CAMP BUEHRING, KUWAIT - Some South Carolina Army National Guard soldiers got a chance to focus on something more in their line recently - blowing up targets with TOW missiles.
Soldiers of Delta Company, 4th Battalion, 118th Infantry Regiment, fired 16 wire-guided TOW missiles at the Udairi Range near here, Nov. 27, scoring hits on targets like junked cars over 3,500 meters away. Cpl. Shaun Doane, of Myrtle Beach. S.C. made the hardest shot, hitting a metal storage container at about 3,660 meters.
It was a rare opportunity for the troops, made more precious by the fact that Delta Company, like other battalion units, has been performing security-force operations in northern Kuwait since deploying here in April.
While the troops have maintained their other soldier and small-arms skills here, Delta Company is the battalion's heavy weapons company, and destroying enemy armor vehicles with TOW missiles is what they do, said Company Commander Capt. Wade Broadaway.
"It's the primary mission of a weapons company," said Broadaway, of Marion, S.C. The company is highly mobile, and also wields M-19 grenade launchers and .50-caliber machine guns on its armored Humvees, he explained.
The 4th Battalion is one of 10 Army National Guard battalions which has a heavy weapons company, said Staff Sgt. Kevin Jenkins, Delta Company training noncommissioned officer and resident of Dillon, S.C.

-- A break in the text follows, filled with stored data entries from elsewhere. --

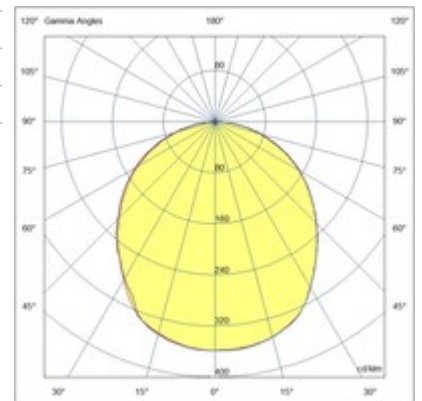

Elite

Code	6534-21-284
Type	Outdoor wall lamp
Eancode	8019282566526
Customs tariff	94051190
Color	Corten
Material	Aluminum frame and polycarbonate
IP	IP54
IK	05
Insulation Class	 CL1
Operating ambient temperature	-20°C +45°C
Years of warranty	2
Item Dimensions	82x85mm Ø240mm - 1kg
Packaging Dimensions	290x290x110mm - 1.4kg
	Light Source 1
Light source	LED Built-in
LED Characteristics	SMD
Light Source Lumen	1309 lm
Item Lumen	832 lm
Color Temperature	Warm white 3000K
Typical CRI	83
Energy Efficiency Class	
	Electrical specifications 1
Input Voltage	110/127V AC - 220/240V AC 50/60Hz
Total Absorbed Power	10W
Driver	Included
Control System	On/Off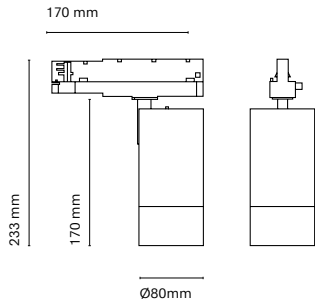

26111-
26112-
26113-
Owwl

"Not many units have a TOW company like us," said Jenkins. "It really is a big deal." The last time the company TOW gunners fired missiles was at Fort Stewart, Ga., in 2011, he recalled.
The acronym "TOW" stands for Tube-launched, Optically-tracked, Wire command-link guided. The TOW missile system includes a traversing unit, missile guidance set, a daytime optical sight and a thermal sight.
When launched, the missile spools out thousands of meters of spider-web thin copper wire - its connection to the rest of the system. Using this link, the sight and traversing unit, a TOW gunner can guide the missile, in flight, to hit and destroy a moving target at ranges of up to 3,750 meters.
Though TOW gunners do most of their qualification training in simulators, there's nothing like the real thing, according to Jenkins. On the actual system, for example, the missile may launch three to eight seconds after the gunner presses the trigger, as opposed to only two to three seconds on the simulator, he explained.
It's important for TOW gunners to experience and learn from that and other differences by firing actual TOW missiles, Jenkins said. Nine gunners from the company fired missiles from a Humvee turret and a tripod.
One of those soldiers was Spc. Quentin Hughes, a Marion resident who went from being an infantryman to being a TOW gunner in October. Though slightly nervous because of safety considerations, he appreciated the experience of firing a TOW missile.
"It's pretty fun to see it do what it's capable of doing," he said.
Hughes said he guided his missile to hit a junked car at about 3,000 meters.
"It tore it up," he said. "You saw scrap metal go everywhere."
The soldiers also enjoyed a labor-saving innovation built by Spc. Trent Trowbridge, a Knoxville, Ill. resident and member of the 444th Chemical Company, which deployed with the battalion.
Firing TOW missiles means rewinding the thousands of meters of wire they leave behind, and the troops spent about 3 1/2 hours reeling in eight missiles worth at the Fort Stewart range. This time, however, Trowbridge drove onto the range towing what amounted to be a gator engine and axle, mounted upside-down on a trailer.
The soldiers gathered up the ends of the wires and attached them to the end of the axle, Trowbridge started the engine, and soon the troops were watching the wire being neatly reeled up. Delta Company soldiers had told him about the problem, and he built the device, using discard parts, in about three hours, Trowbridge explained.
"Back home, I'm a mechanic and heavy equipment operator on a farm," said Trowbridge. "I'm glad it's working. It makes it a lot easier on everybody."